Source data:
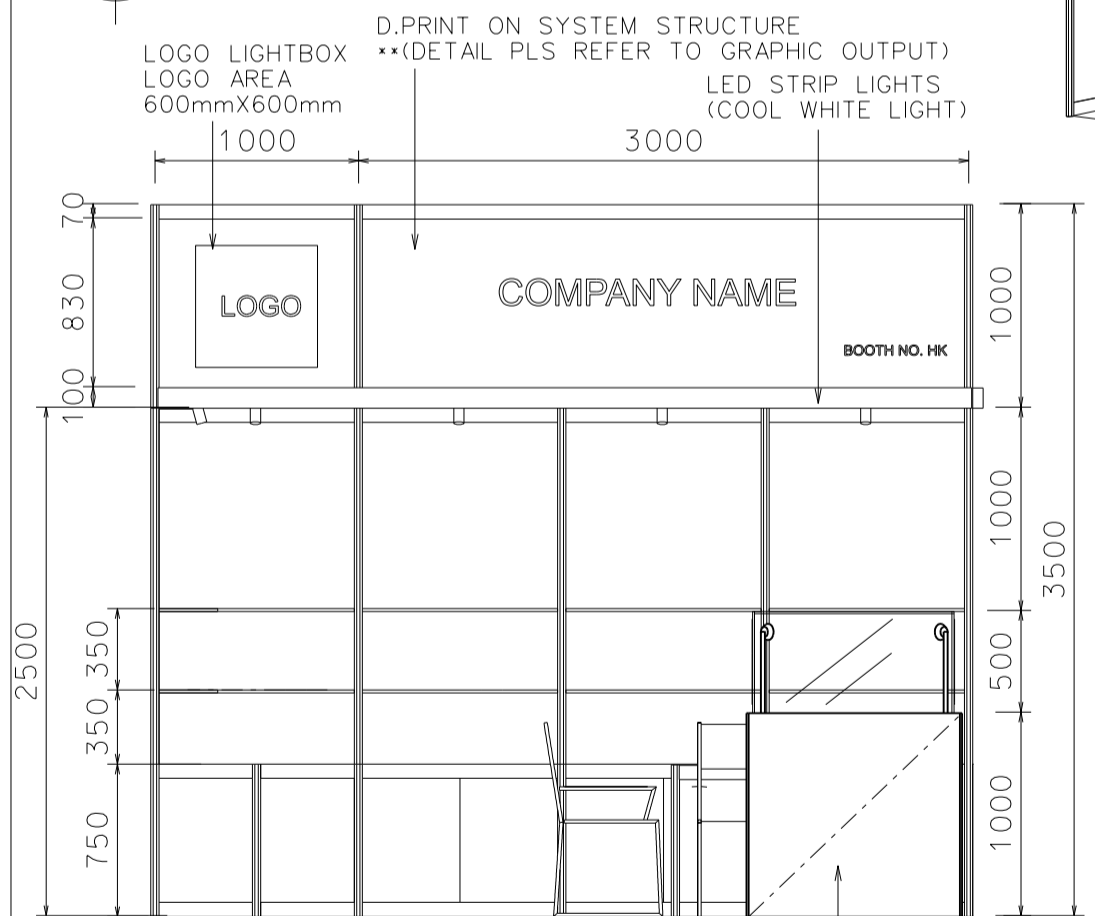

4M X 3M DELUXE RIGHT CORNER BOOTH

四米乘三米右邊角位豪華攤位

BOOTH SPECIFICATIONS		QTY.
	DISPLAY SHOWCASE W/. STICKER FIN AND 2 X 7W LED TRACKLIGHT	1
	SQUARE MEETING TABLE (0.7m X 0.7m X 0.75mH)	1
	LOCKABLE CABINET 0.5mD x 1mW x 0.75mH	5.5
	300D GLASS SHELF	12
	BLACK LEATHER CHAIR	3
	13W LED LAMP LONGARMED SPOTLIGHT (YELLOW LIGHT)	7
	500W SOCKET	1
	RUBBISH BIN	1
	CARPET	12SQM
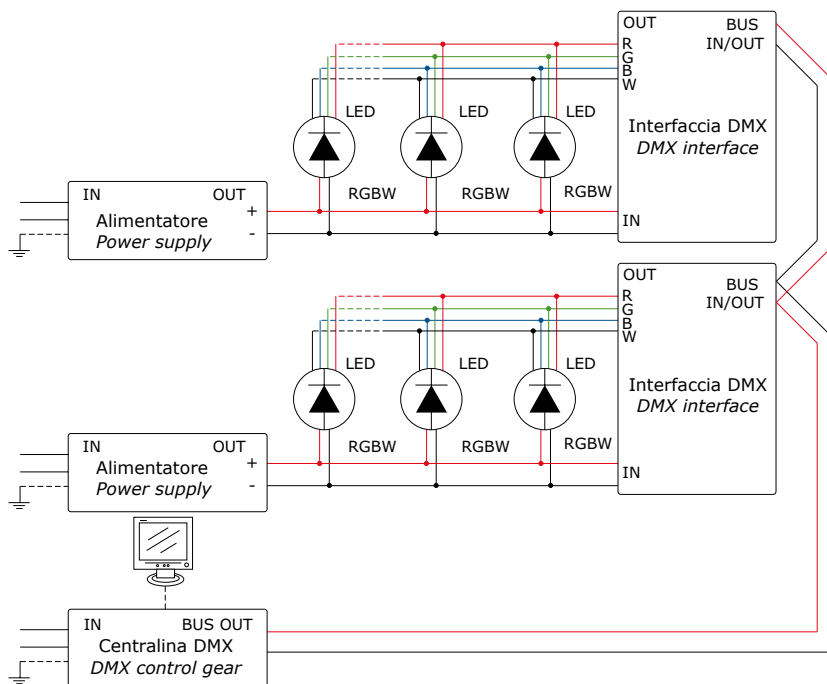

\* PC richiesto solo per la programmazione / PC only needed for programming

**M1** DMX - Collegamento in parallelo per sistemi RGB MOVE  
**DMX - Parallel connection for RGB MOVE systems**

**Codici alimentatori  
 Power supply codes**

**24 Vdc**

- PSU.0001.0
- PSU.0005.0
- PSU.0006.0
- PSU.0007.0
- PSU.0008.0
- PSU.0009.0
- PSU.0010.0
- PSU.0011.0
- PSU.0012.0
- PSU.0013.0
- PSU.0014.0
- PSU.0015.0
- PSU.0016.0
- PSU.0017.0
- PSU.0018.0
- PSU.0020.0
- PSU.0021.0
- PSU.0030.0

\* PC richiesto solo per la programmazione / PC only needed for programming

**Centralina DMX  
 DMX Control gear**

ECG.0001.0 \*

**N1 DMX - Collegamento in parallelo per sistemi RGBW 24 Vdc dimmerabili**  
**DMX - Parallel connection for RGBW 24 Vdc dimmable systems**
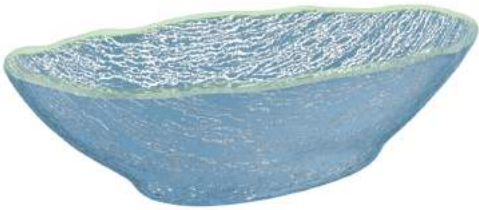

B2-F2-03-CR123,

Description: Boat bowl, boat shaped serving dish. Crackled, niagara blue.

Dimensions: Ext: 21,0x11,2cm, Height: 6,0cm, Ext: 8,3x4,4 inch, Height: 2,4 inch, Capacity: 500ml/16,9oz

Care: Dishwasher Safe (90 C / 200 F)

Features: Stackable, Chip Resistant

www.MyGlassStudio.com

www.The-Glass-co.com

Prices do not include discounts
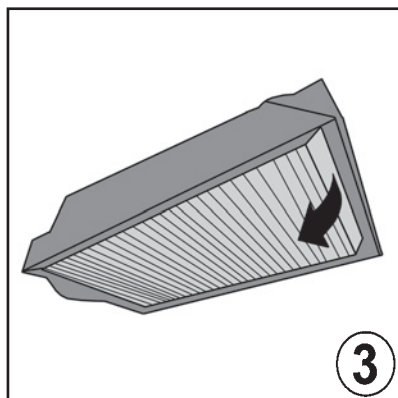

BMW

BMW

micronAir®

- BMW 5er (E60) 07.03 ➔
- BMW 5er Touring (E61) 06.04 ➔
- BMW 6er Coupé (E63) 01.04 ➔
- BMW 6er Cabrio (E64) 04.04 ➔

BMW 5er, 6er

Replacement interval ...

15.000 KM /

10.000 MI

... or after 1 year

WHAT TO WORK ON. Which lines in the records above contain the string "sistemi"? Copy each one.

SOLUTION.
**M1** DMX - Collegamento in parallelo per sistemi RGB MOVE  
**N1 DMX - Collegamento in parallelo per sistemi RGBW 24 Vdc dimmerabili**  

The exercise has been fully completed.